Я судорожно втянула воздух, не в силах осознать сказанное Адамо. Дима жил, защищая меня. Он тоже умер бы за меня, но он предан моему отцу, и одна из причин, может быть, даже главная причина его готовности умереть за меня, проистекала из его долга перед своим Паханом, но Адамо рисковал всем только из-за меня. Он выступал против моего отца на его собственной территории ради меня. Он принимал смерть, доказывая свою любовь. Я пыталась отодвинуть на задний план свои чувства к человеку, стоявшему передо мной, пыталась убедить себя, что со временем они ослабеют, но теперь, когда Адамо проявил смелость заявить о своих чувствах таким рискованным способом, с моей стороны было бы абсолютно трусливо притворяться, что я его не люблю. Я не хотела быть без него ни дня. Последние несколько дней были адом, наполненные новыми кошмарами потери Адамо каждую ночь. Я просыпалась вся в поту, с бьющимся в горле сердцем.

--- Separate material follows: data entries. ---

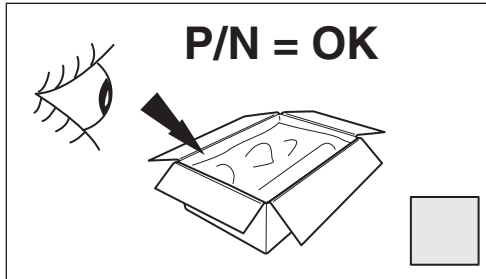

<p>3M 2010</p>		
-----------------------	--	--

TOYOTA

CHECK SHEET

TOYOTA

Model / Year **Avensis (SDN) 2015/05** Rear lower trunk garnish

VIN n°

ALWAYS A BETTER WAY

Installation Date: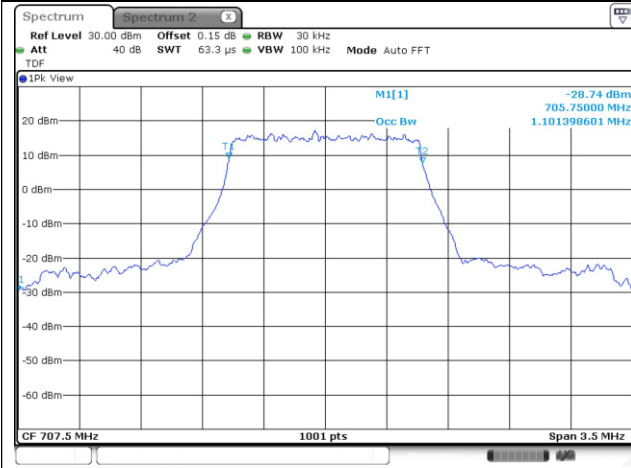

Test mode: LTE Band 12

1.4M BW QPSK Mid ch.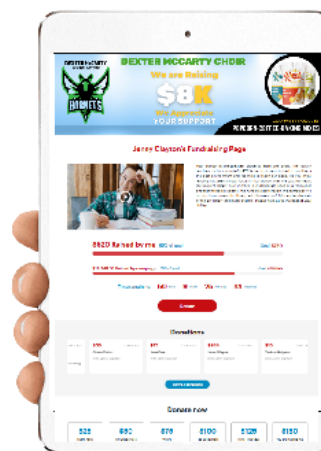

Brownie Mix

Everyone's favorite square
shaped chocolate confection!

GLUTEN FREE BAKING MIXES

PREMIUM COFFEE BEANS & MORE

MEDIUM ROAST

Medium roasted coffee beans
A coffee drinkers delight!

12 OUNCE BAGS
\$25

DARK ROAST

Dark roasted coffee beans rich
flavor from the Americas.

\$30

ZIPPER TOTE BAG #1

With our Rip City brand
Local to the NW!

\$30

ZIPPER TOTE BAG #2

Customized for your
organization

ORDERING ONLINE IS EASY!

Step 1

Point your phones camera
at the QR code above & hit
the [ripcitypopcorn](http://ripcitypopcorn.com) link

Step 2

- * PICK YOUR DELIVERY METHOD
- * CHOOSE YOUR FAVORITE PRODUCTS
- * ENTER NAME OF STUDENT YOU ARE SUPPORTING

THANK YOU FOR YOUR SUPPORT!

EASY ONLINE SHOPPING LINK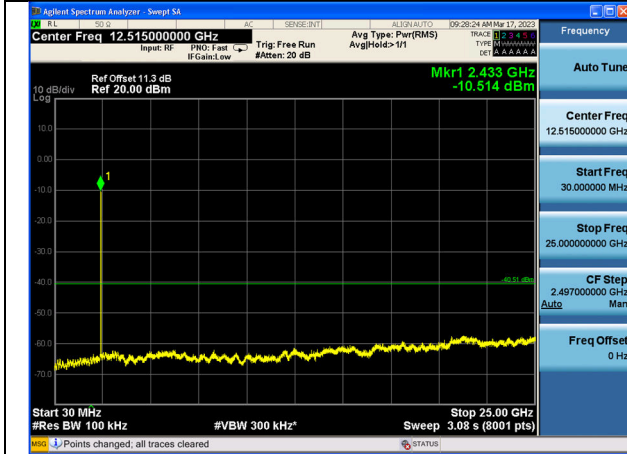

## Conducted Out of band emission measurement

Test Mode: 802.11b

Test Mode:802.11b 2412MHz Chain0

Test Mode:802.11b 2437MHz Chain0

Test Mode:802.11b 2462MHz Chain0

Test Mode:802.11b 2412MHz Chain1

Test Mode:802.11b 2437MHz Chain1

Test Mode:802.11b 2462MHz Chain1

Test Mode: 802.11g

Test Mode:802.11g 2412MHz Chain0

Test Mode:802.11g 2437MHz Chain0

Test Mode:802.11g 2462MHz Chain0

Test Mode:802.11g 2412MHz Chain1

Test Mode:802.11g 2437MHz Chain1

Test Mode:802.11g 2462MHz Chain1

Test Mode: 802.11n HT20

Test Mode: 802.11ax HE20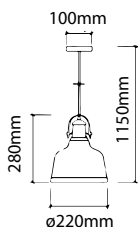

AMBER GLASS PENDANT

SKU	Model	Material:	Glass+Metal
3726	VT-7220-A	Holder:	E27
		Dimension:	220x280x1150mm
		Box Qty:	8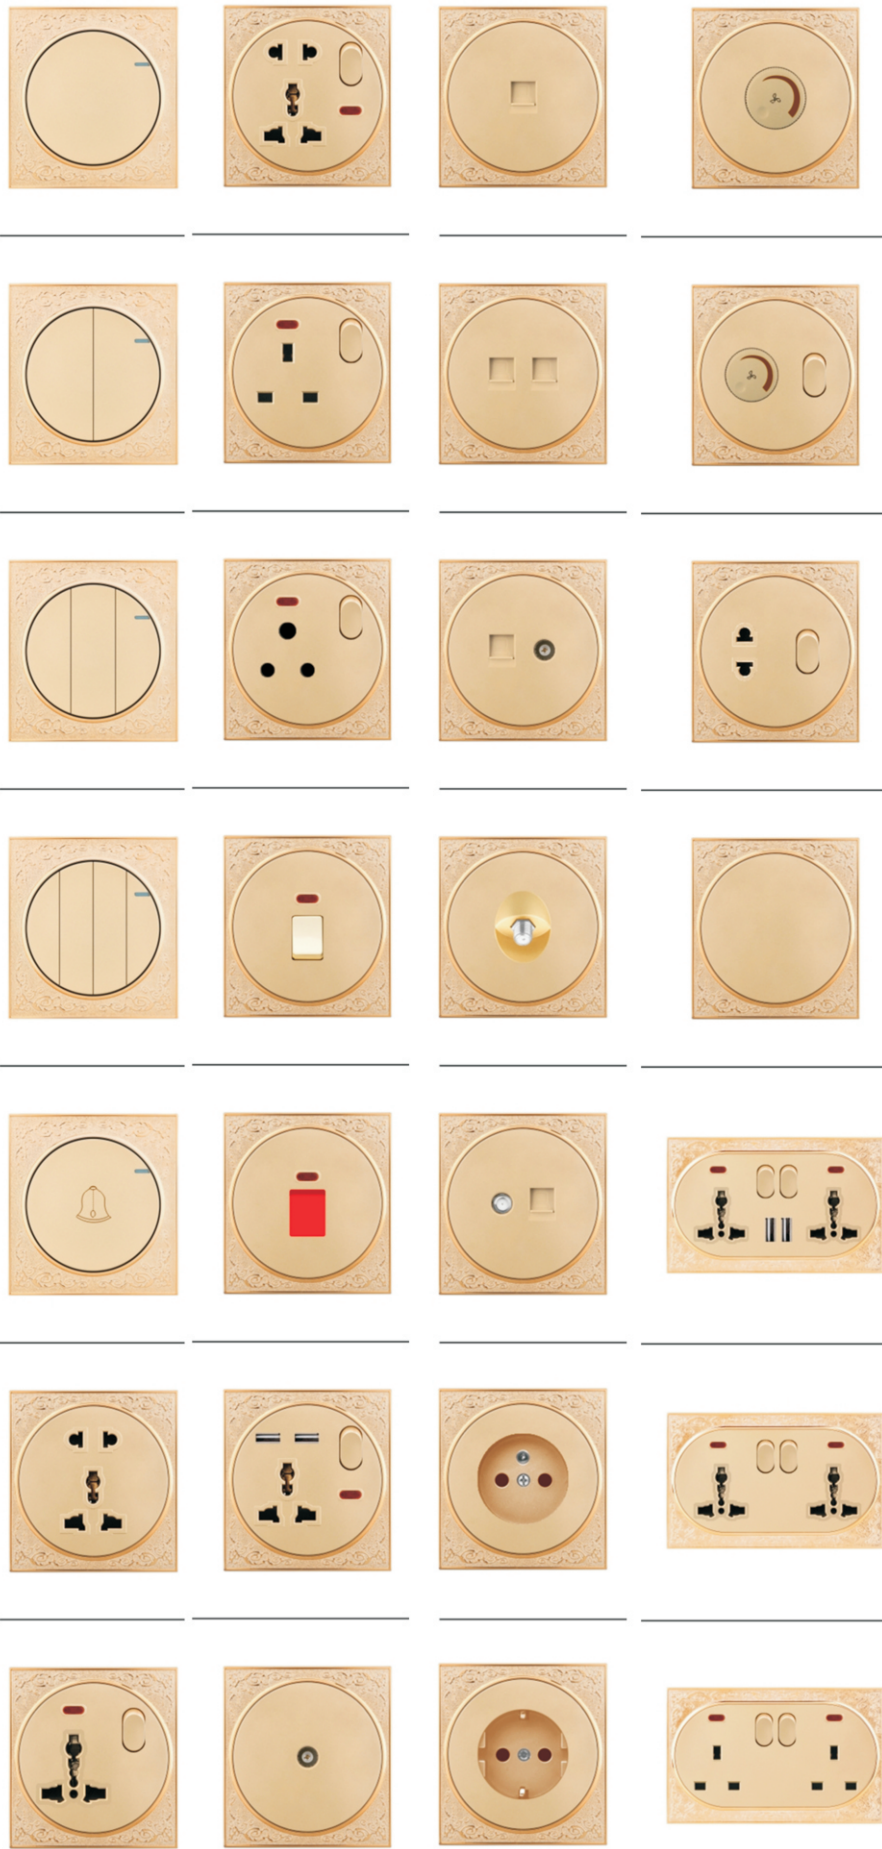

Aluminum

D4 Series

ACRYLIC WHITE
ACRYLIC GOLD
ACRYLIC BLACK

Q1 Series
Aluminium
wire Silver

Q1

Q2

Y5
ACRSLIC PANEL
Series

Gorgeous and elegant appearance, simplicity and classic combination. Elegant appearance design, noble quality with man's joint ventures to create an incomparable art space! Warm colors, metal texture, make people bright; smooth lines, soft and simple, integrated structure, so that you can operate handily.

S1 Series
STAINLESS
STEEL GOLD

C11-white

C11-silver

white

Golden drawing

switch

F3-2-light

F3-3-Matte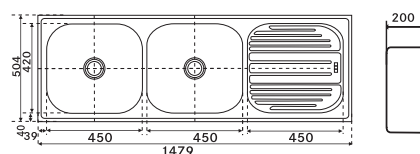

SMART

Material: Stainless Steel
Installation: Inset
Finish: Brushed Satin
Overall Size: 1479 x 504 / 59" x 20"
Bowl Size: 2*450 x 420 x 200mm
Cut-out Size: See Template
Tap hole: Optional
Thickness: 1mm

621 X Omni (59" x 20") / OMX 621-147-20 3 1/2"
WWK REV NOF

101.0721.073
Rs. 18,690/-

SMART

Material: Stainless Steel
Installation: Inset
Finish: Brushed Satin
Overall Size: 1379 x 504 / 55" x 20"
Bowl Size: 450 x 420 x 200mm
350 x 420 x 180mm
Cut-out Size: See Template
Tap hole: Optional
Thickness: 1mm

621 CX Omni (55" x 20") / OMX 621-137-20 3 1/2"
WWK REV NOF

101.0721.074
Rs. 15,290/-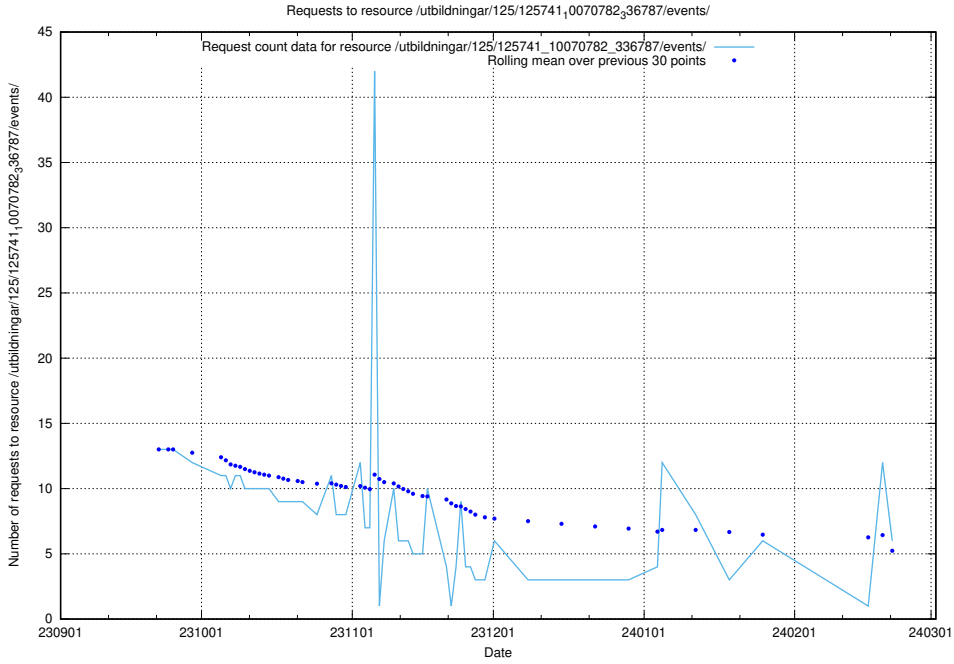

5.166 Usage of /utbildningar/125/125741_10070782_336787/events/

Here, we count the number of requests to resource /utbildningar/125/125741_10070782_336787/events/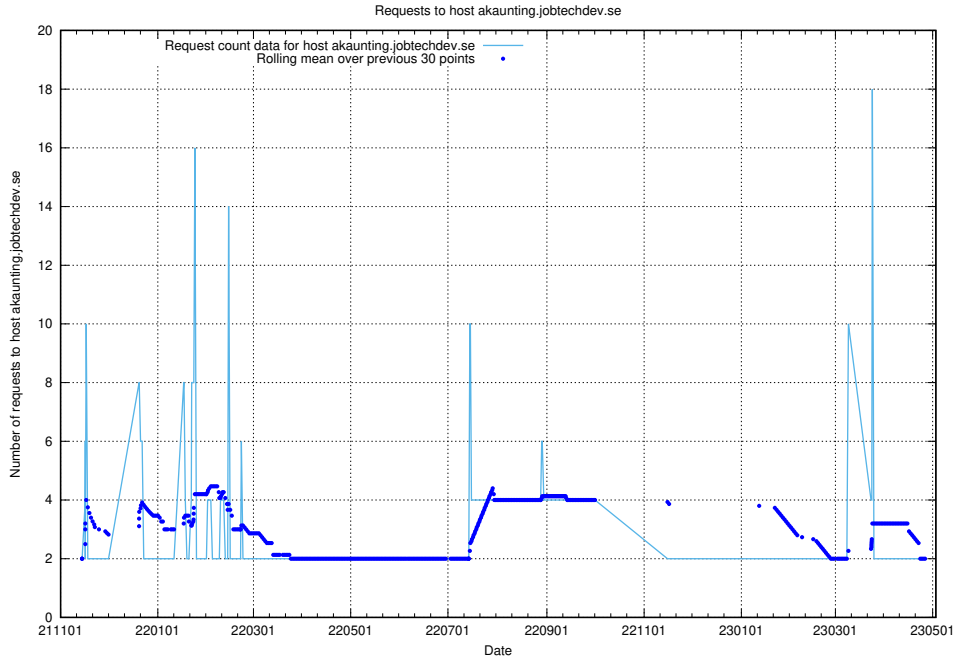

7.288 Usage of prod-historical-search.jobtechdev.se

Here, we count the number of requests to host prod-historical-search.jobtechdev.se.

7.289 Usage of accounts.jobtechdev.se

Here, we count the number of requests to host accounts.jobtechdev.se.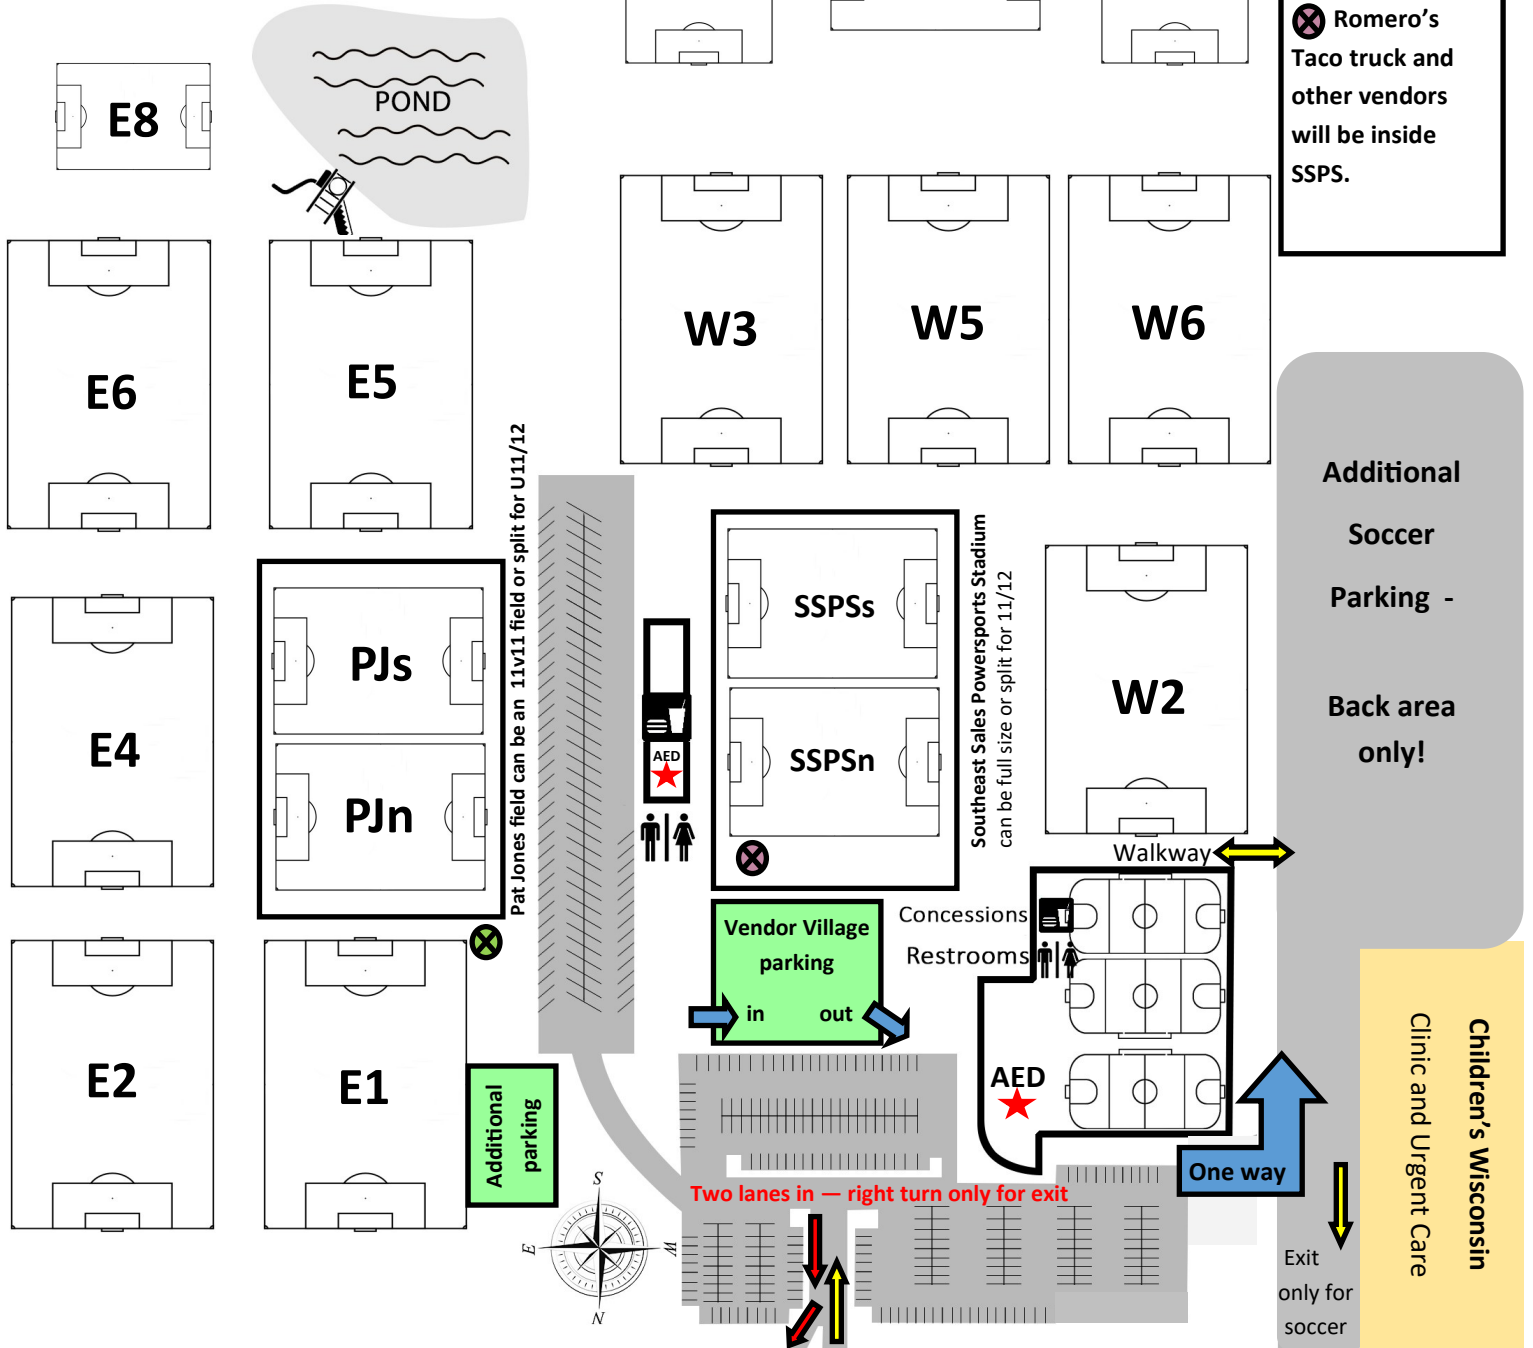

UIHLEIN SOCCER PARK

Pepsi Cup Field Map

September 5, 6 & 7, 2025

Tournament parking
 \$10 per day/per vehicle or \$15
 for the weekend.
Now accepting cash & cards!

GOOD HOPE ROAD

GOOD HOPE ROAD

Меня трясло от силы эмоций, от выражения эмоций на лице Адамо. Он страстно любил меня. Безрассудно. Определенно глупо.

Я искоса взглянула на отца, испугавшись его реакции на столь решительное появление. Папа, как Пахан, ожидал уважения и привык к тому, что ему его показывают. Конечно, Адамо не один из его подданных, но я не была уверена, насколько это имело для него значение.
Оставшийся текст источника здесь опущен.